Peace. Shalom. Salaam. We will have to radically expand our idea of king and ruler to take in what this means. “With this perspective, Christianity need not compete with other religions; rather, authentic Christians can see and respect the Christ Mystery wherever and however it is trying to reveal itself–which is all the time and everywhere, and not just in my group.”  Martin Luther said whatever preaches Christ is the gospel regardless of who said it or where you encounter it.  For the apocalypse to be now all tribalism becomes impossible.

In Another Turn of the Crank, the Kentucky sage, Wendell Berry, writes, “I take literally the statement in the Gospel of John that God loves the world. I believe that the world was created and approved by love, that it subsists, coheres, and endures by love, and that, insofar as it is redeemable, it can be redeemed only by love. I believe that divine love, incarnate and indwelling in the world, summons the world always toward wholeness, which ultimately is reconciliation and atonement with God.”[Wendell Berry, as quoted in Spiritual Ecology: The Cry of the Earth, Llewellyn Vaughan-Lee, ed. (The Golden Sufi Center: 2013), 77.]
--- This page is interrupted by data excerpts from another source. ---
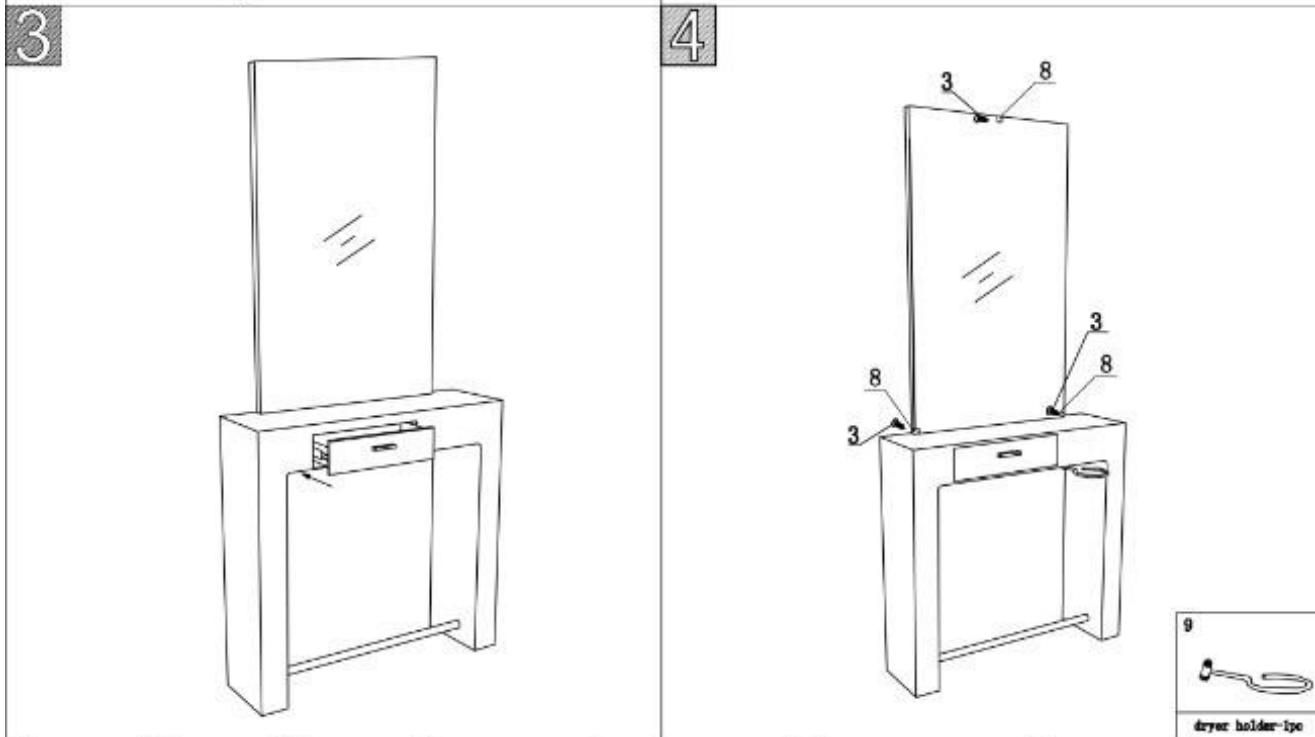

Montáž:

1	2	3	4	5	6	7	8
M6x40		M4x16	M4x30			M5x50	
Screws-4pcs	washer-4pcs	Screws-7pcs	Screws-4pcs	metal cleat-1pcs	plastic anchor-6pcs	Screws-2pcs	clip-3pcs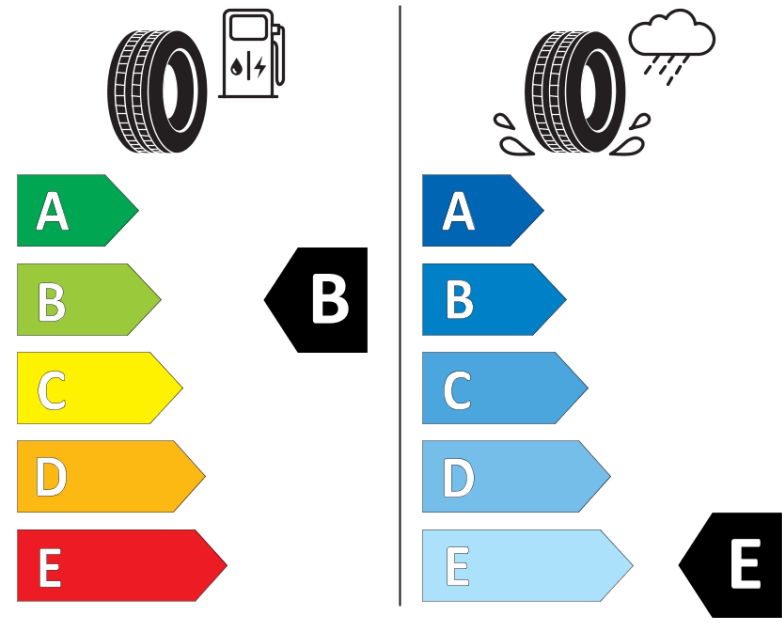

## Tuoteselosteella

ASETUS (EU) 2020/740

Tuotemerkki	MICHELIN
Kaupallinen nimi	X-ICE SNOW
Tuotekoodi	530430
Koko	235/50R18
Kantavuustunnus	101
Suorituskykyluokka	H
Polttoainetaloudellisuusluokka	B
Märkäpitoluokka	E
Vierintämeluluokka	A
Vierintämelun arvo	69 dB
Rengas lumiolosuhteisiin	Joo
Rengas jääolosuhteisiin	Joo *
Valmistusajankohta	03/19
Valmistuksen lopetusajankohta	
Kuormitusluokka	XL
Lisätietoja	235/50 R18 101H XL TL X-ICE SNOW MI

\* Ice tyres are specifically designed for road surfaces covered with ice and compact snow and should only be used in very severe climate conditions. Using ice tyres in less severe climate conditions could result in sub-optimal performance, in particular for wet grip, handling and wear.

# ENERG

MICHELIN

530430

235/50R18 101 H

C1

2020/740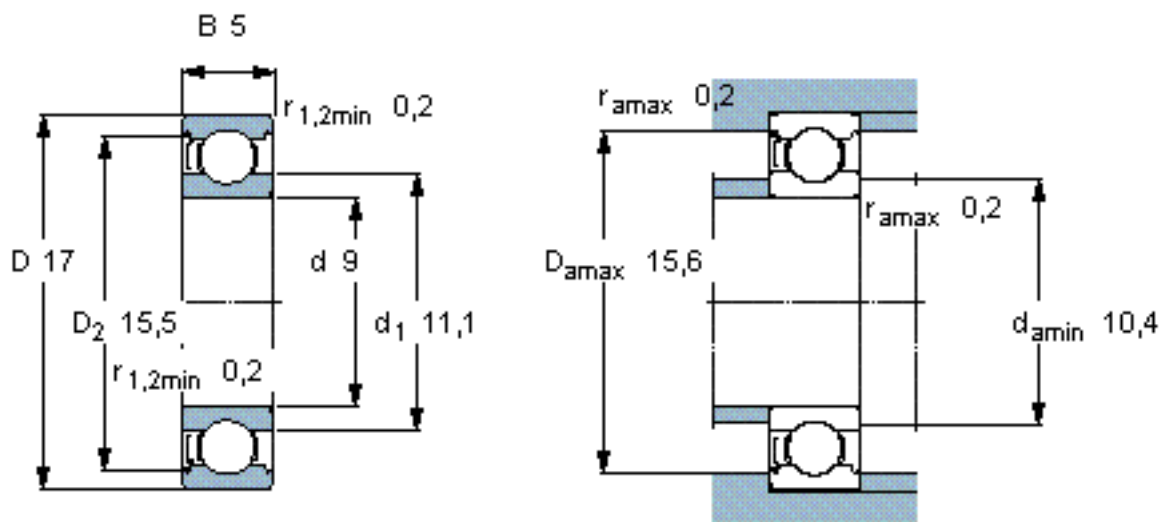

SKF 628/9-Z/W64参数

主要尺寸	d	9	mm	-
	D	17	mm	-
	B	5	mm	-
基本额定载荷	C	1430	N	动载荷
	C_0	640	N	静载荷
疲劳载荷极限	P_u	27	N	-
极限转速	极限转速	23000	r/min	-
重量	重量	4	g	-
型号	* SKF 探索者轴承	628/9-Z/W64	-	-

SKF 628/9-Z/W64图片

计算系数

k_r 0,015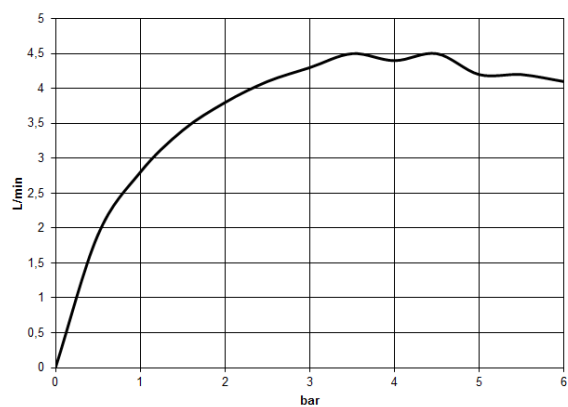

Empfohlenes Zubehör

UP-Wandwinkel -

35 085 970 90

- Max. Einbautiefe 163 mm
- Min. Einbautiefe 90 mm

13 800 705

mm [inches]

Durchflussdiagramm

Zertifikate

Christ our king leads the way. We will not know God, ourselves, each other, or anything else that exists except by entering into communion. To try to know something without first loving it is not to know it very well at all. Our failure to understand Christ our King in this fundamental way has made much of the Christian search for truth brutal, arrogant, divisive, the possession of a few, and confined almost entirely to our heads.  I take joy in the fact that as we move deeper into the 21stcentury, Christians seem to be re-discovering the way of Christ our king is the way of incarnation, the way proclaimed by the very name of our dear congregation.  Immanuel is the way we become a living sanctuary of hope and grace.

The French-born author Anais Nin famously once said, “We don’t see things as they are.  We see them as we are.”  We must be changed, renewed, refreshed, refashioned, reformed and resurrected.  In Christ, the old world is passing away. See! A new kingdom has begun. We join our prayers with those of every place and generation. “Let your kingdom come and your will be done, on earth as it is in heaven!  Let our eyes be opened, our ears be unstopped. Let our hearts of stone be replaced with hearts of flesh starting now. Peace. Shalom. Salaam. Let the apocalypse begin right here, right now, among us.  Yes, this Jesus is a different kind of king.  Let the people say …Amen!